Hansen Tells Ways & Means: Revenue-Neutral Carbon Tax Needed to Spur Clean Technology Revolution

A planetary crisis “threatening the young and unborn” compels a “substantial, gradually-increasing carbon tax with all revenue distributed directly as monthly ‘dividends’ to each household,” Dr. James Hansen told Congress today.

Hansen, director of NASA’s Goddard Institute for Space Studies and the unofficial dean of climate scientists, testified that measurements of Earth’s historical climate sensitivity to atmospheric CO2 make clear that rising levels are now driving our climate into ranges that will have lethal consequences. Current concentrations of 385 ppm amplify dangerous feedback mechanisms such as loss of reflective ice surfaces and release of methane gas from permafrost, he said. Atmospheric concentrations must be brought below 350 ppm as quickly as possible, Hansen stressed, specifically rejecting the target of 80% reductions by 2050 advocated by leading environmental groups.

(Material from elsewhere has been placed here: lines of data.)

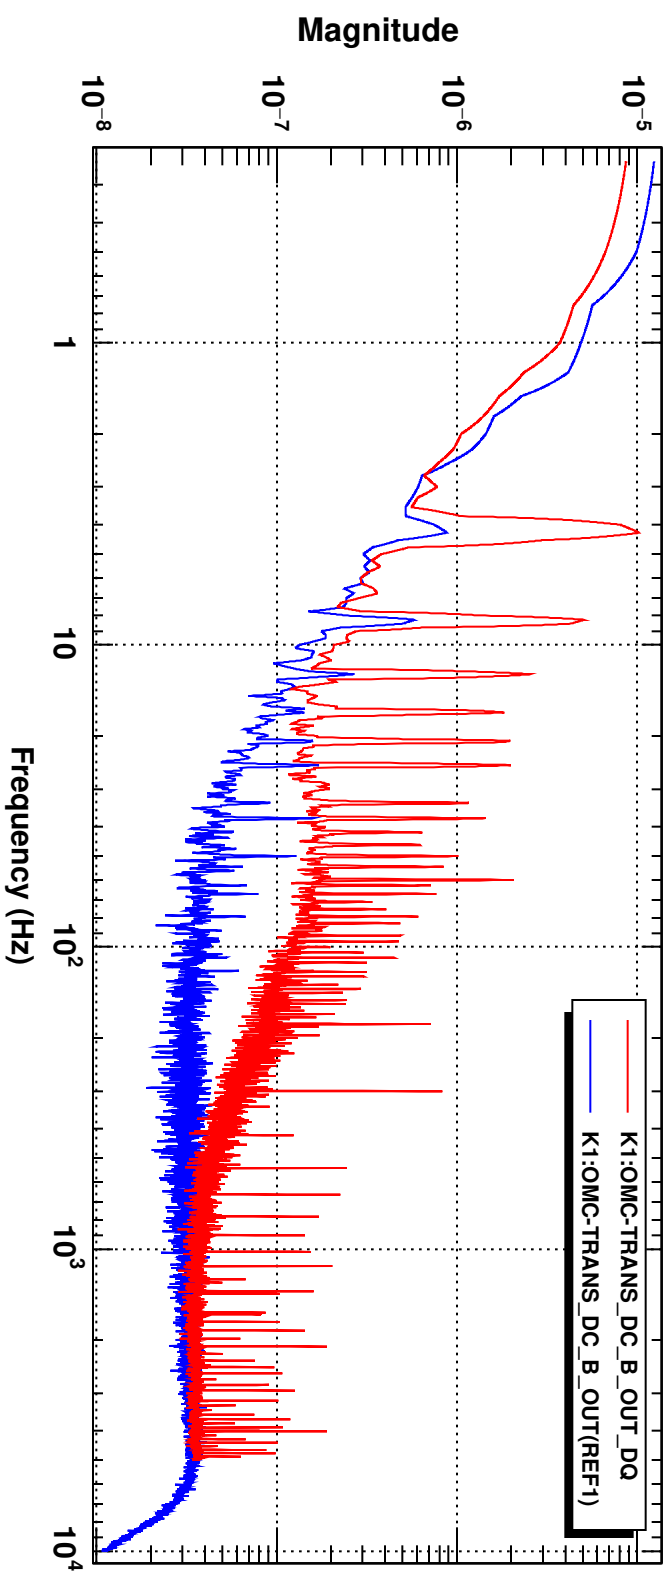

Power spectrum

Power spectrum

*T0=11/07/2023 06:04:43

*Avg=10/Bin=2L

*BW=0.374994
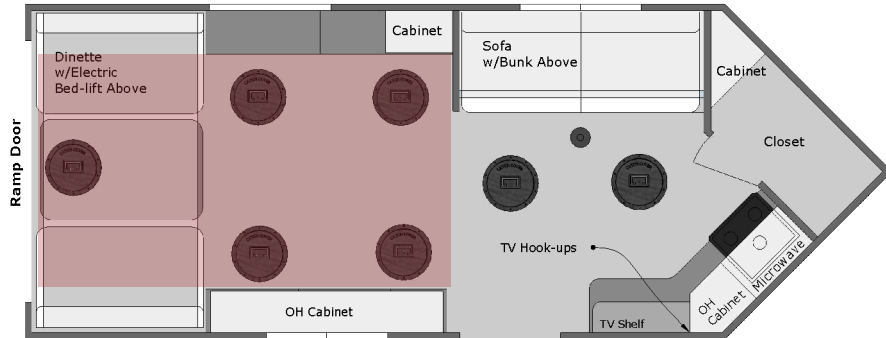

STANDARD FEATURES:

- NATM & RVIA Certified
- All aluminum construction
- Rubber flooring
- 72" x 80" Ramp door
- Ramp Door loading lights
- 4 Floor tie downs
- Home quality windows w/ black curtains
- Cypress T&G on walls & ceilings w/ premium lacquer finish
- Forced air furnace 25K BTU
- 3 Burner range & hood vent
- Microwave
- 30 Amp power center w/ 25' cord
- Sealed vented battery box w/ deep cycle battery
- Battery disconnect switch
- LED interior and exterior lighting
- USB charging ports
- Exterior satellite/cable hook-up
- Roof mounted digital TV antenna
- TV hook-ups w/ amplified signal booster
- AM/FM Bluetooth stereo system w/ 4 ceiling speakers
- LP/CO & smoke detector
- Fire extinguisher
- 2- 30lb Propane tanks w/ cover
- Auto-changeover LP regulator
- Rear observation/backup camera ready
- Happi Jac bed lift - 40"
- Electric brakes

120" x 68" Cargo Space
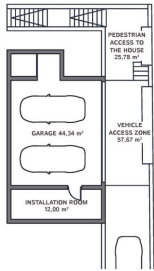

BASEMENT

GROUND FLOOR

TOP FLOOR

OUTDOOR AND INDOOR LIGHTING		GOLD PLUS			
LIVING ROOM AND BEDROOMS	HALL AND STEPS	KITCHENS BATHROOMS AND TOILETS	TERRACES	ACCESS AND OUTDOORS	OTHER ROOMS
Recessed lamp ceiling Brand: ELMC Model: PTC2 8x 160 lum. Coffin Monochrome LED strip Brand: DALI Model: PTC2 10x 160 lum. Emergency lamp Brand: DALI Model: ZPER	Recessed lamp ceiling Brand: DALI Model: PTC2 8x 160 lum. Coffin Monochrome LED strip Brand: DALI Model: PTC2 10x 160 lum. Emergency lamp Brand: DALI Model: ZPER	Recessed lamp ceiling Brand: DALI Model: PTC2 8x 160 lum. Coffin Monochrome LED strip Brand: DALI Model: PTC2 10x 160 lum. Emergency lamp Brand: DALI Model: ZPER	Wall lamp Brand: DALI Model: PTC2 8x 160 lum. Coffin Monochrome LED strip Brand: DALI Model: PTC2 10x 160 lum. Emergency lamp Brand: DALI Model: ZPER	Recessed lamp ceiling Brand: DALI Model: PTC2 8x 160 lum. Coffin Monochrome LED strip Brand: DALI Model: PTC2 10x 160 lum. Emergency lamp Brand: DALI Model: ZPER	Recessed lamp ceiling Brand: DALI Model: PTC2 8x 160 lum. Coffin Monochrome LED strip Brand: DALI Model: PTC2 10x 160 lum. Emergency lamp Brand: DALI Model: ZPER

Hansen_World_Development_Movement.jpgHansen testified at a House Ways & Means Committee hearing this morning, kicking off debate in Congress over legislation to help the U.S. achieve deep cuts in carbon emissions through a cap-and-trade system, a carbon tax, or perhaps a hybrid approach. Hansen and Union of Concerned Scientists geochemist Dr. Brenda Ekwurzel both testified in favor of vigorous action, although they differed on the cap vs. tax question. A third witness, University of Alabama professor John Christy, argued for a go-slow approach.

Hansen told the committee that a transparent carbon tax with direct dividend would “spur rapid replacement of our inefficient infrastructure” and lead to an “efficient phase-out of coal.” He strongly criticized cap-and-trade proposals, calling caps “hidden taxes,” contending that they would undermine essential price signals through price volatility while enriching traders and lobbyists at the expense of the public. He predicted that cap-and-trade could lead to "blackmail" by electricity suppliers, who would force the public to choose between meeting emissions targets and blackouts, and pointed out that the European Union’s cap-and-trade system has failed to reduce carbon emissions.

UCS’s Ekwurzel testified that acidification has already diminished the oceans’ ability to absorb more carbon dioxide — a development that will accelerate global warming. She advocated a “cap and invest” program in which emission permits are auctioned and the proceeds used to finance energy efficiency and renewable energy.

Christy’s appearance was sponsored by Republican members of Ways & Means. He testified that cloud effects outweigh human effects on climate, and contended further that any U.S. actions to reduce emissions would be overwhelmed by emissions from China and India, both of which have rejected carbon caps. He suggested that the best way to reduce CO2 emissions is a massive nuclear power construction program.

Committee Chairman Charles Rangel, who represents Manhattan’s Harlem neighborhood and parts of the Bronx, asked Hansen about the effects of a carbon tax on low-income households. Hansen explained that under his proposal to distribute 100% of carbon tax revenues to U.S. residents, a steadily increasing tax reaching $115 per ton of CO2 would result in estimated dividends of $9,000 per two-child household, assuming that adults got one “share” and each of the first two children got one-half. [Ed. note — Using CTC's carbon tax impact model, we estimate that a $115/ton carbon tax would provide the average family of four with a $7,500 annual dividend.] Hansen noted that because households that use below-average amounts of fossil fuel would receive more in dividends than they paid in higher energy costs, his program would help the vast majority of middle- and lower-income Americans. Hansen also cited Congressional Budget Office findings that carbon taxes are five times as efficient as caps at reducing emissions.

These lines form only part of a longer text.